Thai author Prabda Yoon descends into the voices and minds of a small cast of characters.

In Bangkok’s budding literary scene, Prabda Yoon sits at the centre. Born in 1973, he’s the scion of a well-known family (his father Suthichai Sae-Yoon is the co-founder of the Nation newspaper) and is known in Thailand as not only an enfant terrible of letters but as an illustrator, screen-writer and director (his first film, Motel Mist, was shown at European festivals in 2016).

His reputation rests mainly on a collection of short stories published in 2000 entitled in Thai Kwam Na Ja Pen, roughly translated as Probability, and it is from this early collection that most of the stories now collected in The Sad Part Was are derived. Translated with cool elegance by Mui Poopoksakul, they are among the first modern Thai stories to be published in the UK.

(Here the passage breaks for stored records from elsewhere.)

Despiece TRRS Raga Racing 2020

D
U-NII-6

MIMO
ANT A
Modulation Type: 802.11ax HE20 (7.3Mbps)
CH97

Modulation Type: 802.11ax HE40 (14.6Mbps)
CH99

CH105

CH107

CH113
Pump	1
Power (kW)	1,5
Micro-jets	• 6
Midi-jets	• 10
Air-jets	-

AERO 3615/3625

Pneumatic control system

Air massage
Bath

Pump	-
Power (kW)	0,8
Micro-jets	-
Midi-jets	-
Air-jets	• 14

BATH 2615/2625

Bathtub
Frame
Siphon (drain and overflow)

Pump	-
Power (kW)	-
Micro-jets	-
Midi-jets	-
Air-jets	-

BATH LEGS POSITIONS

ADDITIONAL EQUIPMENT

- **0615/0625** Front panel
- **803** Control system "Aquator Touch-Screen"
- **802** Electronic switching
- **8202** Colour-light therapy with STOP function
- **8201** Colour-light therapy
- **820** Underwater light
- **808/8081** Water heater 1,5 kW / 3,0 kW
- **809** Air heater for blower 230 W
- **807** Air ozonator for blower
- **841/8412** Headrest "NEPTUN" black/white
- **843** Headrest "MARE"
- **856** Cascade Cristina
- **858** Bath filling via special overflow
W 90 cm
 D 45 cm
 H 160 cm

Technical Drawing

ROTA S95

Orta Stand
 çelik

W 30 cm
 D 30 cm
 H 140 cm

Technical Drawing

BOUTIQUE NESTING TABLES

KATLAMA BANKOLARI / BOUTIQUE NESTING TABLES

As Poopoksakul points out in her afterword, she and Yoon are the products of similar backgrounds and epochs: upper-middle class children of Bangkok who came to consciousness in the late Eighties and Nineties. Often foreign-educated, fluent in English and conversant in global pop culture and media – Yoon did a stint at Parsons in New York after prep school at the Cambridge School of Weston – this new generation of Thai writers and artists were born into a society changing so fast that they had to virtually invent a new language to transcribe it.

In The Sad Part Was, the result is stories that one could glibly label as “post-modern” but which, in reality, perfectly match the qualities of the megacity where they are set. Bangkok is infamously mired in lurid contradiction, but it’s also a city of subtle and distorted moods that journalism and film have hitherto mostly failed to capture. The whimsical and playful surfaces of these stories have to be read against the high-octane anxieties and surreal dislocations of what was, until recently, one of the fastest-growing cities in the world.

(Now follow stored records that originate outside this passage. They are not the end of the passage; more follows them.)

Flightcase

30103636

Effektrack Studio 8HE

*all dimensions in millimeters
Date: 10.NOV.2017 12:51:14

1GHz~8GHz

Yoon uses the short form of the ten-page story to descend into the voices and minds of a small cast of characters: a schoolgirl and a beautiful female teacher who form a platonic lesbian infatuation while riding a daily bus in “Miss Space”; a couple making love during a thunderstorm whose activities are interrupted by the dismantling of two giant letters, which fall onto their roof in “Something in the Air”; a young man who meets a mysterious older man in Lumpini Park called Ei Ploang, who forces him to consider the intertwined nature of good and evil. In “Snow for Mother”, a mother waits for her little boy to grow up so that she can take him to Alaska to experience the real snow, which he never knew as a little boy in the tropics.

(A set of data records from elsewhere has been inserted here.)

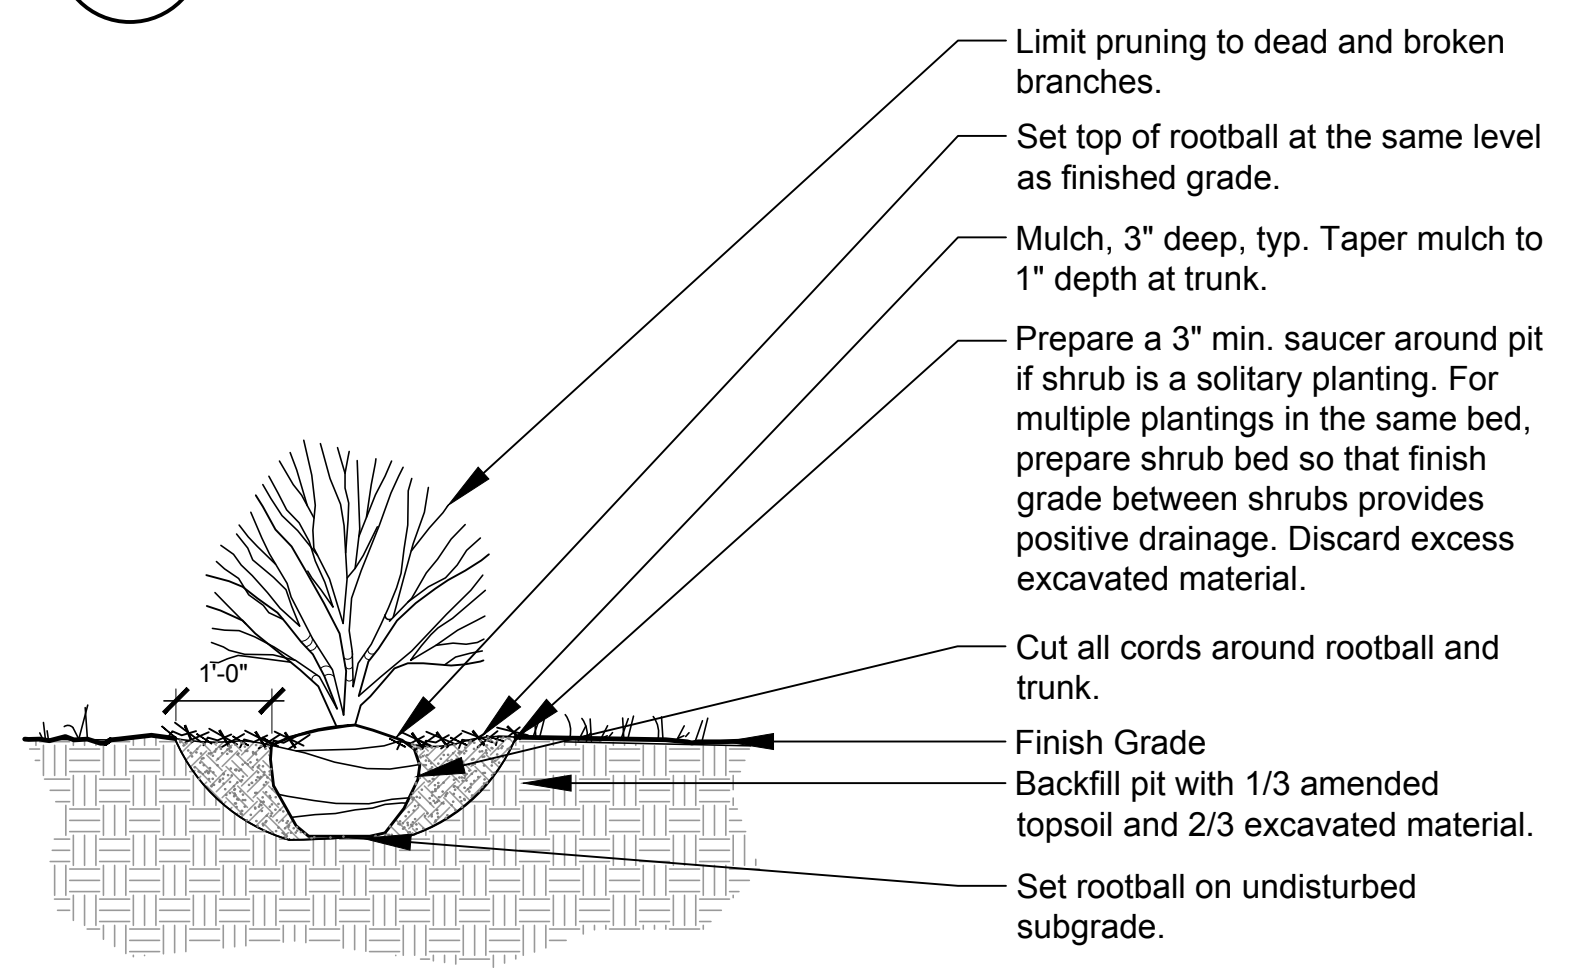

CHECKED BY  
DAF

DRAWN BY  
BAM

SHEET TITLE  
**Landscape Plan**

SCALE: 1" = 20' SCALE IN FEET

0' 10' 20' 60'

NORTH

SHEET NUMBER  
**L1.2**

©2022 Hitchcock Design Group

**1 Deciduous Tree Planting**  
Scale: 1/2" = 1'-0"

**2 Ornamental Tree Planting**  
Scale: 1/2" = 1'-0"

**3 Shrub Planting**  
Scale: 1/2" = 1'-0"

**4 Perennial Planting**  
Scale: 1/2" = 1'-0"

**5 PLANTING BED EDGE**  
Scale: 3" = 1'-0"

In “The Sharp Sleeper”, a man named Natee obsesses over losing his shirt buttons and is led into a strange reverie on the nature of dreams and the competing qualities of red and yellow pyjama shirts (Thailand’s political culture is riven by two parties popularly known as Red and Yellow Shirts). The commentary slips into effortless sarcasm:

Natee has proudly worn the red pyjama shirt several times since then, and his dream personality hasn’t altered at all. On the contrary, the shirt has encouraged him to become a man of conviction in his waking life. As to what those convictions were supposed to be, Natee wasn’t quite sure. But it was safe to say that a night shirt so principled wouldn’t drop a button so easily.

Since these stories were written, Bangkok’s political schizophrenia has lost its former air of apathy and innocence, but Yoon’s tone is quietly prescient about the eruption of violent irrationality a few years later. It’s a reminder how precious the subtlety of fiction is when set against the shrill certitudes of activism and reportage.

My favorite story here is “Something in the Air”. Its dialogues are written with hilariously archaic, bureaucratic formality, while delving into the disorientation of sexual and romantic hopes in the present century. After the couple’s love-making is interrupted, the young man suggests insolently to the woman that they resume in the open air, exposed to the furious elements. She agrees. They then notice that a dead body is lying on the roof nearby, crushed by the giant letters.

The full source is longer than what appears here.